Your task:
Go through the data below and return each line where the string "AVFÖRDA" appears.
[Start of section]
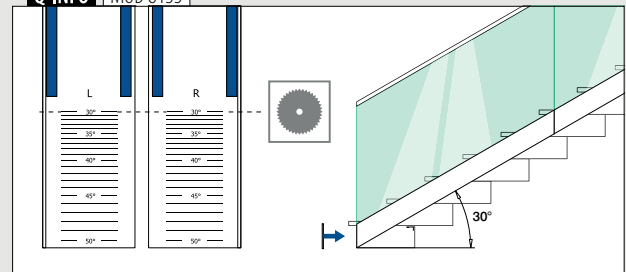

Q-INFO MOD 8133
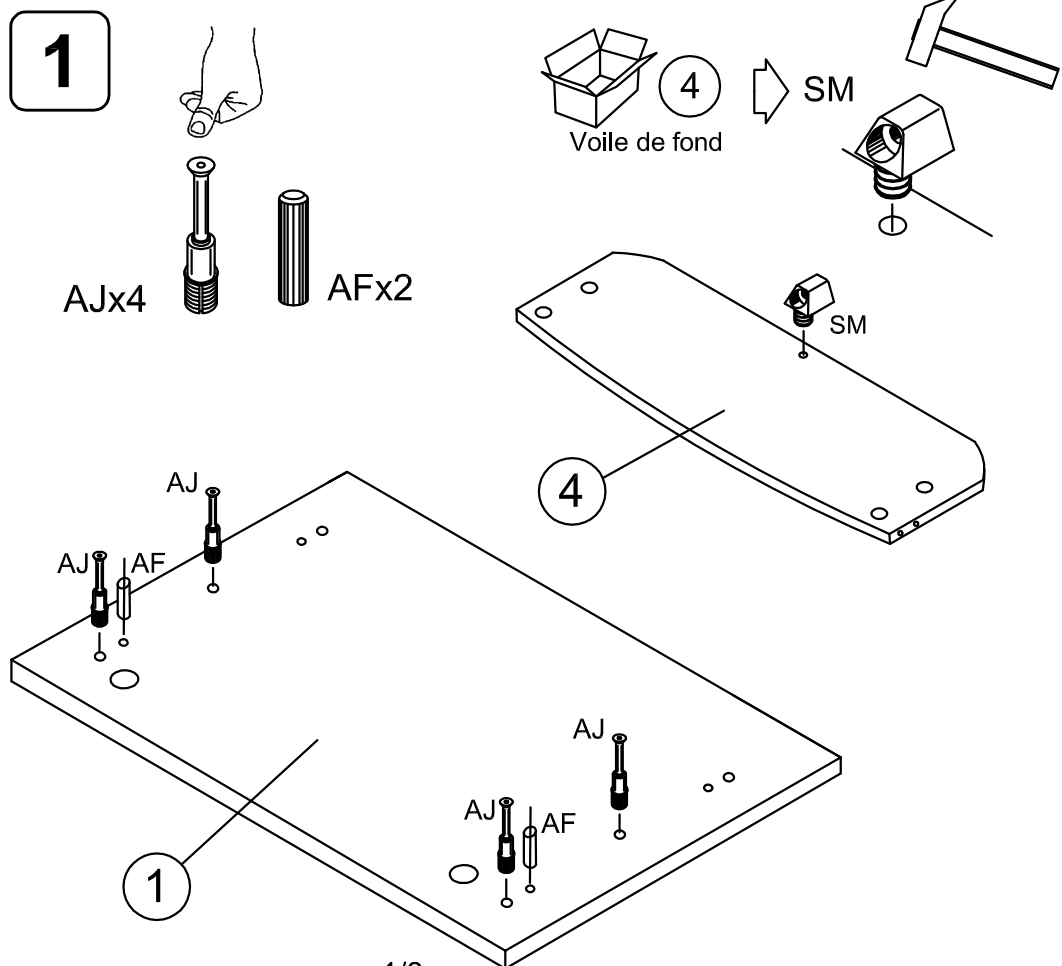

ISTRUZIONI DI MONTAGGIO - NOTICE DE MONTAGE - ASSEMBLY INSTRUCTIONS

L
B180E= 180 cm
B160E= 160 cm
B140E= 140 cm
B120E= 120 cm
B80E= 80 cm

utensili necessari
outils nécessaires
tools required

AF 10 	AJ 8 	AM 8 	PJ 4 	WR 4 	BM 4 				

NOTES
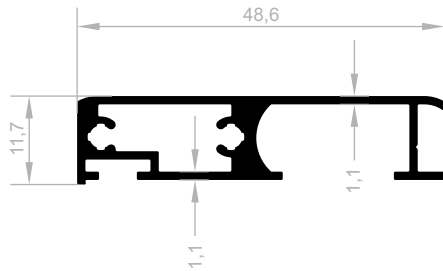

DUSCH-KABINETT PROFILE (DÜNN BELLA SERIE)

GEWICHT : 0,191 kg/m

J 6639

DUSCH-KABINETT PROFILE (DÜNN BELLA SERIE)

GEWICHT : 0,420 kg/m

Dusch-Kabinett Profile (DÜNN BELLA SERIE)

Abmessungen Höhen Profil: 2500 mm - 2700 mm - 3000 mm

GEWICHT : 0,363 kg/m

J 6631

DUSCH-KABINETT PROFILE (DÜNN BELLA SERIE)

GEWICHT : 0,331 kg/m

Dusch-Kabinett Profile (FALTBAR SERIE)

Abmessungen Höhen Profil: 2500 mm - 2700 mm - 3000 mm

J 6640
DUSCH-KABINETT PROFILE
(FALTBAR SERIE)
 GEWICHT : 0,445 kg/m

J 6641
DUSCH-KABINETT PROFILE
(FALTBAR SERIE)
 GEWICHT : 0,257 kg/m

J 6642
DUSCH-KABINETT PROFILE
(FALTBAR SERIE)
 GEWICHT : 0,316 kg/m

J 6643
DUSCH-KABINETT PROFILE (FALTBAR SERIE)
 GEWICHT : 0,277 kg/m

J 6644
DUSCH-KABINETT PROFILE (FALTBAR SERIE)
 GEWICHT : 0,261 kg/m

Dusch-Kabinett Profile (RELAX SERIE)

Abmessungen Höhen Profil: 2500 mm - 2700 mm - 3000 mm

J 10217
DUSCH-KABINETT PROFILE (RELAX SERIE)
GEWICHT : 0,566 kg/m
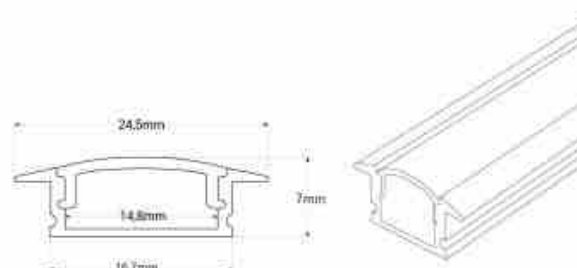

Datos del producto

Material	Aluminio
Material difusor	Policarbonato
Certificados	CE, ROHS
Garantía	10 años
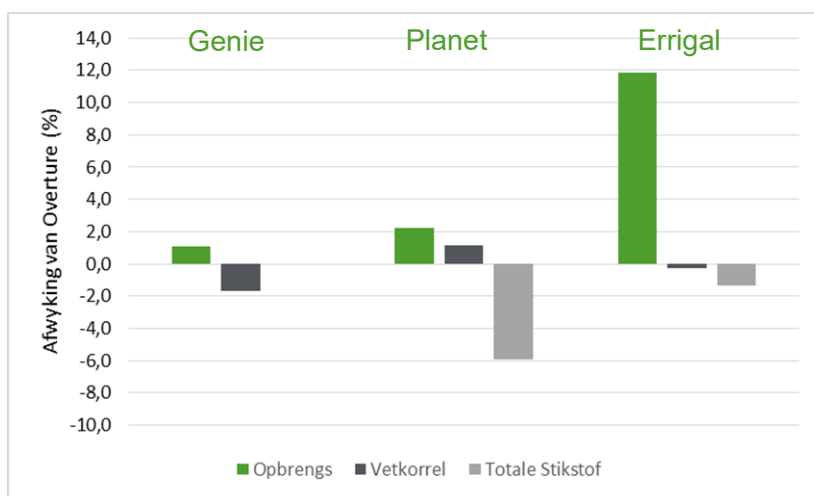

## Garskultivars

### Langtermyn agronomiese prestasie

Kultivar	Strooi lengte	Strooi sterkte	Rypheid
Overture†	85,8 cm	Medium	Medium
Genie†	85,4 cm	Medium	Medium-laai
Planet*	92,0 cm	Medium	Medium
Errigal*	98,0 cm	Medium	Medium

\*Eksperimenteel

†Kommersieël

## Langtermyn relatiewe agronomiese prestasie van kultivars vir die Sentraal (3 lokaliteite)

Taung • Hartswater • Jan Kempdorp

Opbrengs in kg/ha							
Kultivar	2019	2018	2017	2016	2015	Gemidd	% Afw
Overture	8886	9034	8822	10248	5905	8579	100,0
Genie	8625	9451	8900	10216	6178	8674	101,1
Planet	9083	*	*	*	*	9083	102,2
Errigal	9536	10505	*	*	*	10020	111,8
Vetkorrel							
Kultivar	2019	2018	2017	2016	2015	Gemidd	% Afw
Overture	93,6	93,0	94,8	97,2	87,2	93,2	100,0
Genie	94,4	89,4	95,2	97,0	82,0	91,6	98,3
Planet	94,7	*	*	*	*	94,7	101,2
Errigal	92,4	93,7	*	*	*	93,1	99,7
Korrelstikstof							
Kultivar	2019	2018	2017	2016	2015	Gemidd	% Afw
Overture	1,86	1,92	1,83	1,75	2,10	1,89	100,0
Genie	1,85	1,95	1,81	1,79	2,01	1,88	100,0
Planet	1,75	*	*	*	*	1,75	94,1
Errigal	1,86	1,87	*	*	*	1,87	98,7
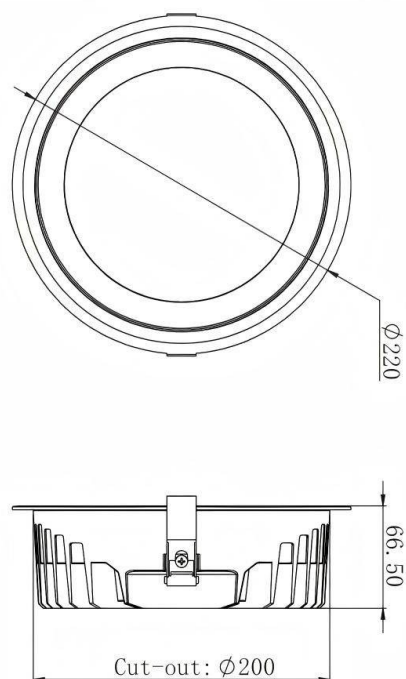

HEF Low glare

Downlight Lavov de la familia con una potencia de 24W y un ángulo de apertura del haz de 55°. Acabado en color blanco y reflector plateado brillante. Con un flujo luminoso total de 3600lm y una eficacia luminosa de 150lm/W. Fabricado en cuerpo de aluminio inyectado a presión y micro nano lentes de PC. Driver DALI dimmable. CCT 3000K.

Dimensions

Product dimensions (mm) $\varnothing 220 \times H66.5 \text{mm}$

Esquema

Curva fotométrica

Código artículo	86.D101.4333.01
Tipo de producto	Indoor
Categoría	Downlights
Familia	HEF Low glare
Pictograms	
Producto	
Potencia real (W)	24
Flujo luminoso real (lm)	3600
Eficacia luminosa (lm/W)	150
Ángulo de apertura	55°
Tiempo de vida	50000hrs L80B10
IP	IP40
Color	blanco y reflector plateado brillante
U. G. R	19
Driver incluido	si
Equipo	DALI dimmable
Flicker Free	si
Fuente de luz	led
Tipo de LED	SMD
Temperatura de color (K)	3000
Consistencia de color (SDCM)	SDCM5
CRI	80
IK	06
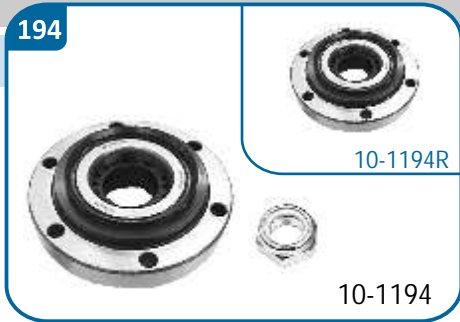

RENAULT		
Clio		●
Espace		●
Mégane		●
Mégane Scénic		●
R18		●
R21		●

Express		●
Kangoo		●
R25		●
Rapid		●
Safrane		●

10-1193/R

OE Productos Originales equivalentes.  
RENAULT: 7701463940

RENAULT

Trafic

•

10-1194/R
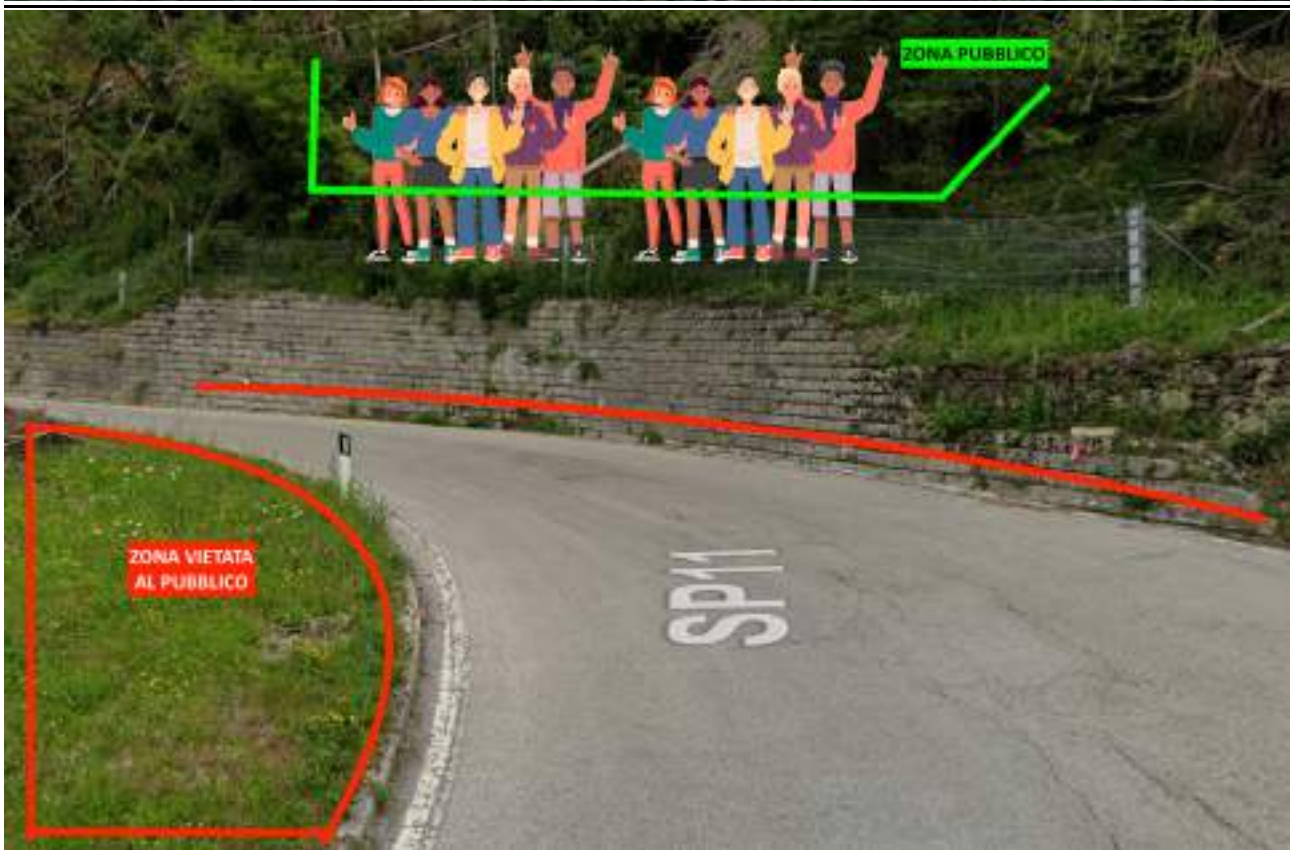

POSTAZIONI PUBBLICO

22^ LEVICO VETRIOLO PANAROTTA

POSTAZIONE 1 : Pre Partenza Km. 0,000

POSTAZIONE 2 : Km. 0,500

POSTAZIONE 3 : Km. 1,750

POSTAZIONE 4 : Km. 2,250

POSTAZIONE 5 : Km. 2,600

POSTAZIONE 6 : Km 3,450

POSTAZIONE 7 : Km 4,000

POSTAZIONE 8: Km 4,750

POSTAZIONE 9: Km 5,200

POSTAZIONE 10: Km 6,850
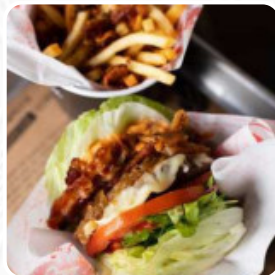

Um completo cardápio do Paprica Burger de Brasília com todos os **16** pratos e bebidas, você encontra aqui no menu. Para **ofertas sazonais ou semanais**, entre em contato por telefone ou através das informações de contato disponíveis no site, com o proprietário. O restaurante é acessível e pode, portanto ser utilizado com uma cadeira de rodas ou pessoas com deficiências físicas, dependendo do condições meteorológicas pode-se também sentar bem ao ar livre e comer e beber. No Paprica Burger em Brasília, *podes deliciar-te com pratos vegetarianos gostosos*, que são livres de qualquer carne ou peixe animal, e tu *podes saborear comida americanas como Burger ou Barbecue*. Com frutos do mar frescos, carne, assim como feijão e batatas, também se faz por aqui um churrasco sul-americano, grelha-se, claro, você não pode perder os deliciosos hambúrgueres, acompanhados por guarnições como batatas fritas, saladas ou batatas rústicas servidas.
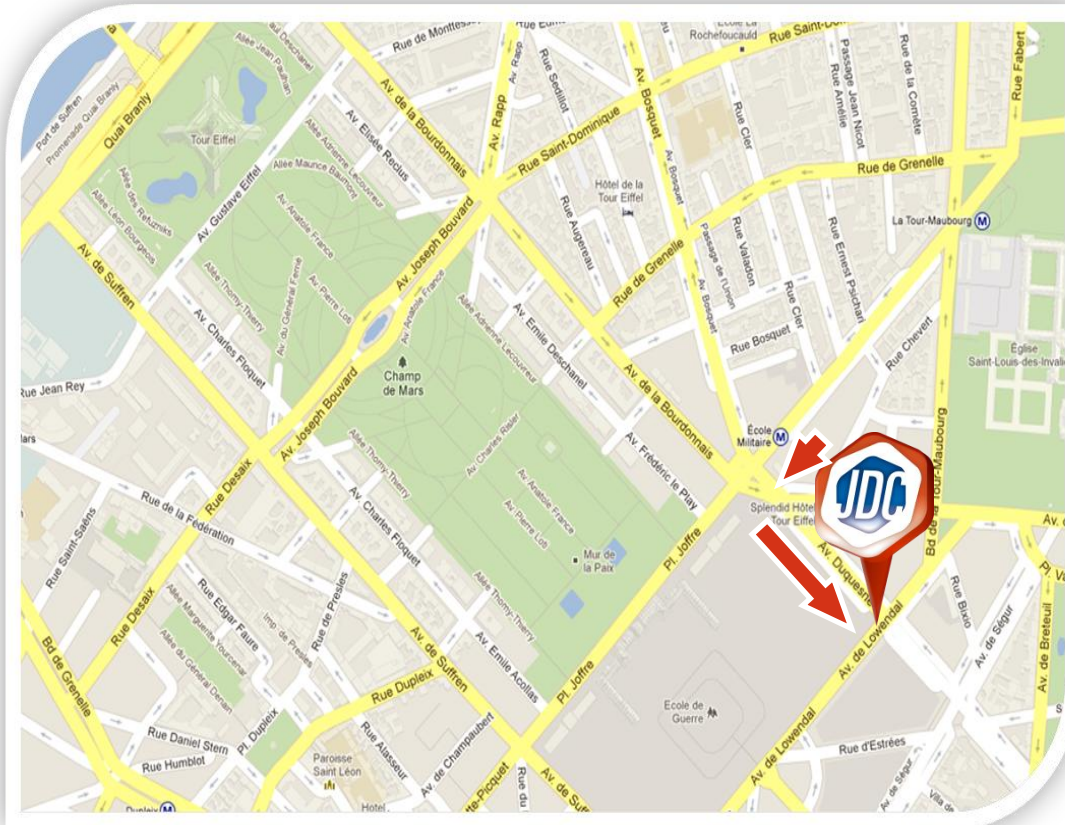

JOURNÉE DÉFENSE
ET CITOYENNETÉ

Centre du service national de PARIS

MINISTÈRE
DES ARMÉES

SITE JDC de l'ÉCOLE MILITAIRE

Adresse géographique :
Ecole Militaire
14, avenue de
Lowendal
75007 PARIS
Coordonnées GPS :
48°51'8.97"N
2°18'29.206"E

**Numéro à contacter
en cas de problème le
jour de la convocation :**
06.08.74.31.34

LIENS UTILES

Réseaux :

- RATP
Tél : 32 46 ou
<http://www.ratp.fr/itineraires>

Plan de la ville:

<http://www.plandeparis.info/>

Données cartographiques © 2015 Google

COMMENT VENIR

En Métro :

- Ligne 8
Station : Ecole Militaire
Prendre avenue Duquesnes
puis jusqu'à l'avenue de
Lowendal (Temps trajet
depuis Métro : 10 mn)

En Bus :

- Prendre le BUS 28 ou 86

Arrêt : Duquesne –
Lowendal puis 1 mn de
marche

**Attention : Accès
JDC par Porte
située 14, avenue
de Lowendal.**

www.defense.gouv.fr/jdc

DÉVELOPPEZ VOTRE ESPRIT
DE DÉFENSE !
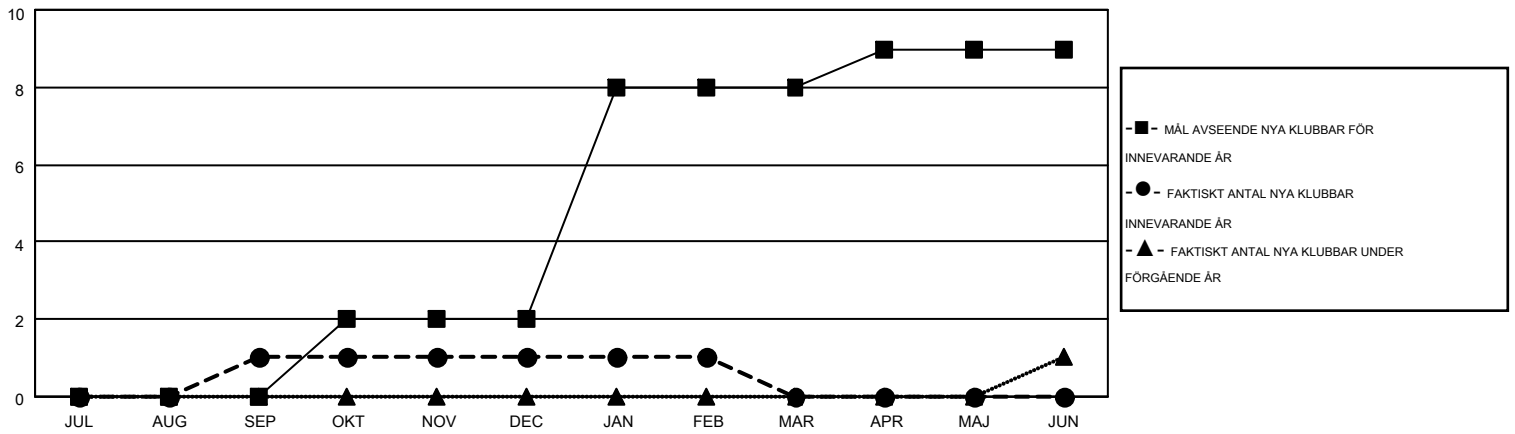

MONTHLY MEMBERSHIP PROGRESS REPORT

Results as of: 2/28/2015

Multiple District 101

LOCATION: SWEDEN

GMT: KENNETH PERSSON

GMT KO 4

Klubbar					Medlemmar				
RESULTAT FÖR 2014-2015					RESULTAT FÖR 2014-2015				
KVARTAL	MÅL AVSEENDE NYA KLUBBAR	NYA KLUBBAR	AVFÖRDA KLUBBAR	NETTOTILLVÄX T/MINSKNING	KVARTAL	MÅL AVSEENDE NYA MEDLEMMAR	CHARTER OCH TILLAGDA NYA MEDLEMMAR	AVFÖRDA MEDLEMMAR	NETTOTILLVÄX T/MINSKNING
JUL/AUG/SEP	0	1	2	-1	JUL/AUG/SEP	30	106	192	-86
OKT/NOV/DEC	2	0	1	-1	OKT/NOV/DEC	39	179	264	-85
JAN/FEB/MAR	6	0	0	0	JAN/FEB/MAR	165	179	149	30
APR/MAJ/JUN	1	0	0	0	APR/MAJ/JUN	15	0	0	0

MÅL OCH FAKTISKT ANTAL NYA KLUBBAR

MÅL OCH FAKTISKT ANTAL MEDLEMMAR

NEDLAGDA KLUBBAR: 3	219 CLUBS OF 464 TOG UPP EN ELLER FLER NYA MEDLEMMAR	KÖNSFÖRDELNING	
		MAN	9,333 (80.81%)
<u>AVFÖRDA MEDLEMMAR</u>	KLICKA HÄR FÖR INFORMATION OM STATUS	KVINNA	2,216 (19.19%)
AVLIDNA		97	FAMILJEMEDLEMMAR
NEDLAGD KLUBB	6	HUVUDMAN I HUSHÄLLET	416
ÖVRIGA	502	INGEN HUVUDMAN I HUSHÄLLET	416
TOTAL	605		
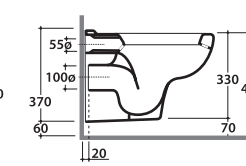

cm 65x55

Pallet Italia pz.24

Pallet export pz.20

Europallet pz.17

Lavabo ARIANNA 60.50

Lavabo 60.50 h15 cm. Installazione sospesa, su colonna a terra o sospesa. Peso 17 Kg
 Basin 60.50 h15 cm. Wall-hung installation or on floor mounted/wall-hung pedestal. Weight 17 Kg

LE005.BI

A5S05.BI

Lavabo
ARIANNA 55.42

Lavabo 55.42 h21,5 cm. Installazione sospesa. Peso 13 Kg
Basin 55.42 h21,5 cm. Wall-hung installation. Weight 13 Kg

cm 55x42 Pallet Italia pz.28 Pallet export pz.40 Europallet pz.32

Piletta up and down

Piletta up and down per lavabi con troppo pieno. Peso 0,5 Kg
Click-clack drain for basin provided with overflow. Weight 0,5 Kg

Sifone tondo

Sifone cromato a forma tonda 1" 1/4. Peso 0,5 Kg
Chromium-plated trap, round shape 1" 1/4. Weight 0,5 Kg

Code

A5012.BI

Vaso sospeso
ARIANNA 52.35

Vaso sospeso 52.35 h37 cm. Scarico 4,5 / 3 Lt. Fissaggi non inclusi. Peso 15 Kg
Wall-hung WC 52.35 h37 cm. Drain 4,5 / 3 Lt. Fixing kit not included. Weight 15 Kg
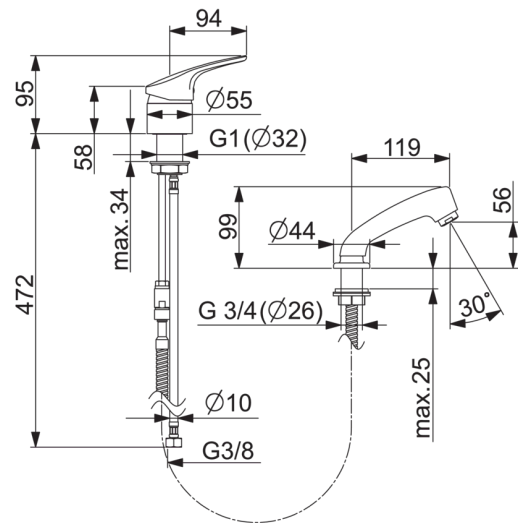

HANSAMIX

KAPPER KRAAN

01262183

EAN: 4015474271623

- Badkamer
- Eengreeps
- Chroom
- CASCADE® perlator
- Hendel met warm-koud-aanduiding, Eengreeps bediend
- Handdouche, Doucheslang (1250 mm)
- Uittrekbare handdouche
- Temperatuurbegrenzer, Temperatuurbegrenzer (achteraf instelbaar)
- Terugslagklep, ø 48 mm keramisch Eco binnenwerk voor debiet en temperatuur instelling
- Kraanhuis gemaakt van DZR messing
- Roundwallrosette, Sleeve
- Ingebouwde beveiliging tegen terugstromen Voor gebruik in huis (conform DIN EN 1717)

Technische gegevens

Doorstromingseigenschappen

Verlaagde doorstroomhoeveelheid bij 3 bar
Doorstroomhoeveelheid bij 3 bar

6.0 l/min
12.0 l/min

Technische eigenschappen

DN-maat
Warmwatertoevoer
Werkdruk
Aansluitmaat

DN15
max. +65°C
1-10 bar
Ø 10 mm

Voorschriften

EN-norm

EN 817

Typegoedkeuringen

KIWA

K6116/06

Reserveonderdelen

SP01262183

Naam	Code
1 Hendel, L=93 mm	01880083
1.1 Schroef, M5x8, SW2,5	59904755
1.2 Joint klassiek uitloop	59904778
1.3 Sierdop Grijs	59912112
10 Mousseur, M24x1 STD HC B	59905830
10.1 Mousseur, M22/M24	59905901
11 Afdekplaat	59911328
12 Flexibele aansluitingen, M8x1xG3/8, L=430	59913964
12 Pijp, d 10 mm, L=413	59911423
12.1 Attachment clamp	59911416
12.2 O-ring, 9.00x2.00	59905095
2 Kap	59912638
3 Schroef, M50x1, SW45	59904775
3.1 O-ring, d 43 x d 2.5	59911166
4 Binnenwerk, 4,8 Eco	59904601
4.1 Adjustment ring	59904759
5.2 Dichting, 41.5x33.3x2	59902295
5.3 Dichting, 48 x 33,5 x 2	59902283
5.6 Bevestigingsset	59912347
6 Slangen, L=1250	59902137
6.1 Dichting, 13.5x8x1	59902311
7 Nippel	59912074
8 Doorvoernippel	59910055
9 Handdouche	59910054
[End of section]
Answer:
KVARTAL	MÅL AVSEENDE NYA KLUBBAR	NYA KLUBBAR	AVFÖRDA KLUBBAR	NETTOTILLVÄX T/MINSKNING	KVARTAL	MÅL AVSEENDE NYA MEDLEMMAR	CHARTER OCH TILLAGDA NYA MEDLEMMAR	AVFÖRDA MEDLEMMAR	NETTOTILLVÄX T/MINSKNING
<u>AVFÖRDA MEDLEMMAR</u>	KLICKA HÄR FÖR INFORMATION OM STATUS	KVINNA	2,216 (19.19%)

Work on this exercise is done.